◆ Work instructions ◆
Please reproduce the listing below exactly, leaving out every picture.

◆ Task material ◆
————

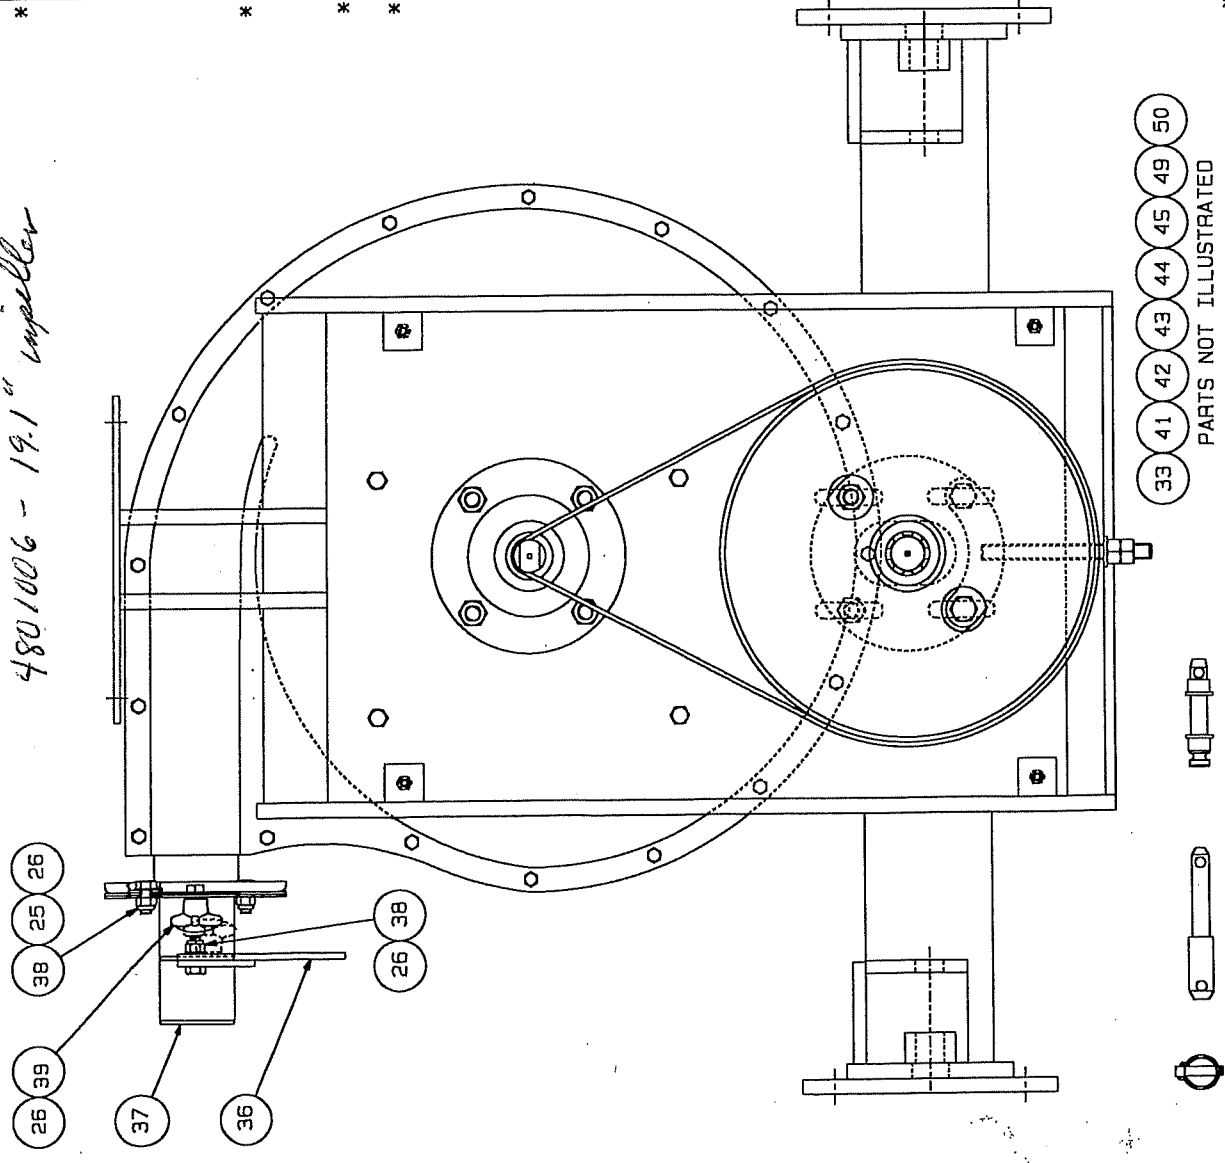

4801006 - 19.1" Impeller

1	7403500/	CAL. G. HEADSTOCK-WA	1
2	7703500	BOTTOM BRG. HOUS' G-AS	1
3	7403441	BELT TENSIONER-WA	1
4	2309084	HEXAGON SCREW	2
5	2303009	HEXAGON NUT	10
6	2311091	FLAT WASHER-FORM A	7
7	2311217	SPRING WASHER	4
8	2306515	COACH BOLT	2
9	2311114	FLAT WASHER-FORM B	2
10	6903049	PTO SHAFT BRG' SPACER	1
11	7703545	PTO SHAFT/PULL.-ASSY	1
12	2303079	SLOTTED NUT	1
13	2311094	FLAT WASHER-FORM A	1
14	2215613	SPLIT PIN	1
15	7703499	TOP BRG. HOUS' G-ASSY	1
16	6903048	IMP. SHAFT SPACER	1
17	7703544	IMP. SHAFT-ASSY 17R	1
18	2309061	HEXAGON SCREW	4
19	2311112	FLAT WASHER-FORM B	4
20	6413057	IMP./DRIVE SHAFT KEY	1
21	4801008	FAN	1
22	2303078	SLOTTED NUT	1
23	2311093	FLAT WASHER-FORM A	1
24	2215587	SPLIT PIN	1
25	2309047	HEXAGON SCREW	8
26	2311089	FLAT WASHER-FORM A	10
27	7403688	AIR MANIFOLD-WA	1
28	2303091	NYLOC NUT-FULL	10
29	2311088	FLAT WASHER-FORM A	10
30	1323005	17 RIB POLY-V BELT	1
31	7403944	DR. C/PLATE-780/650	1
32	6903491	PTO GUARD SHIELD	1
33	2390083	ROOFING BOLT	2
34	6902526	VACUUM BAFFLE GUIDE	1
35	7403439	VAC. BAFFLE PLATE-WA	1
36	7403436	PRESSURE OUTLET-WA	1
37	7403440	PRESSURE ADJUSTER-WA	1
38	2303092	NYLOC NUT-FULL	5
39	6404026	HANDWHEEL 302	2
40	4107124	FIRTREE HOSE CONNECTOR	2
41	6402007	PLASTIC PLUG 1020	8
42	6402041	PLASTIC PLUG 10154	8
43	6406307	LABEL-540 RPM MAX	1
44	6406325	LABEL-STANHAY LOGO	1
45	6406328	LABEL-FORM SW101	1
46	2314754	LINCH PIN	3
47	2314B10	CAT. 1/2 LOWER LINK PIN	2
48	2314B11	CAT. 1/2 TOP LINK CONY.	1
49	6903705	PRESSURE FEED HOSE-900L	1
50	2316012	PRESS.FEED HOSE CLIP	2

\*: -SEE OTHER PAGES FOR PARTS DETAILS

7403688 - manifold & barb

17 RIB FAN/HEADSTOCK

ASSEMBLY: -7703546 (ALL ITEMS)  
ALSO SEE PREVIOUS PAGE

PARTS NOT ILLUSTRATED

ASSEMBLIES: -  
 7703297 (TOOL BAR) (540 PTO SPEED) (ALL ITEMS)  
 7703388 (YOKE BAR) (540 PTO SPEED) (ALL ITEMS)  
 7703411 (TOOL BAR) (1000 PTO SPEED) (ALL ITEMS)

————

◆ Response ◆
4801006 - 19.1" Impeller

1	7403500/	CAL. G. HEADSTOCK-WA	1
2	7703500	BOTTOM BRG. HOUS' G-AS	1
3	7403441	BELT TENSIONER-WA	1
4	2309084	HEXAGON SCREW	2
5	2303009	HEXAGON NUT	10
6	2311091	FLAT WASHER-FORM A	7
7	2311217	SPRING WASHER	4
8	2306515	COACH BOLT	2
9	2311114	FLAT WASHER-FORM B	2
10	6903049	PTO SHAFT BRG' SPACER	1
11	7703545	PTO SHAFT/PULL.-ASSY	1
12	2303079	SLOTTED NUT	1
13	2311094	FLAT WASHER-FORM A	1
14	2215613	SPLIT PIN	1
15	7703499	TOP BRG. HOUS' G-ASSY	1
16	6903048	IMP. SHAFT SPACER	1
17	7703544	IMP. SHAFT-ASSY 17R	1
18	2309061	HEXAGON SCREW	4
19	2311112	FLAT WASHER-FORM B	4
20	6413057	IMP./DRIVE SHAFT KEY	1
21	4801008	FAN	1
22	2303078	SLOTTED NUT	1
23	2311093	FLAT WASHER-FORM A	1
24	2215587	SPLIT PIN	1
25	2309047	HEXAGON SCREW	8
26	2311089	FLAT WASHER-FORM A	10
27	7403688	AIR MANIFOLD-WA	1
28	2303091	NYLOC NUT-FULL	10
29	2311088	FLAT WASHER-FORM A	10
30	1323005	17 RIB POLY-V BELT	1
31	7403944	DR. C/PLATE-780/650	1
32	6903491	PTO GUARD SHIELD	1
33	2390083	ROOFING BOLT	2
34	6902526	VACUUM BAFFLE GUIDE	1
35	7403439	VAC. BAFFLE PLATE-WA	1
36	7403436	PRESSURE OUTLET-WA	1
37	7403440	PRESSURE ADJUSTER-WA	1
38	2303092	NYLOC NUT-FULL	5
39	6404026	HANDWHEEL 302	2
40	4107124	FIRTREE HOSE CONNECTOR	2
41	6402007	PLASTIC PLUG 1020	8
42	6402041	PLASTIC PLUG 10154	8
43	6406307	LABEL-540 RPM MAX	1
44	6406325	LABEL-STANHAY LOGO	1
45	6406328	LABEL-FORM SW101	1
46	2314754	LINCH PIN	3
47	2314B10	CAT. 1/2 LOWER LINK PIN	2
48	2314B11	CAT. 1/2 TOP LINK CONY.	1
49	6903705	PRESSURE FEED HOSE-900L	1
50	2316012	PRESS.FEED HOSE CLIP	2

\*: -SEE OTHER PAGES FOR PARTS DETAILS

7403688 - manifold & barb

17 RIB FAN/HEADSTOCK

ASSEMBLY: -7703546 (ALL ITEMS)  
ALSO SEE PREVIOUS PAGE

PARTS NOT ILLUSTRATED

ASSEMBLIES: -  
 7703297 (TOOL BAR) (540 PTO SPEED) (ALL ITEMS)  
 7703388 (YOKE BAR) (540 PTO SPEED) (ALL ITEMS)  
 7703411 (TOOL BAR) (1000 PTO SPEED) (ALL ITEMS)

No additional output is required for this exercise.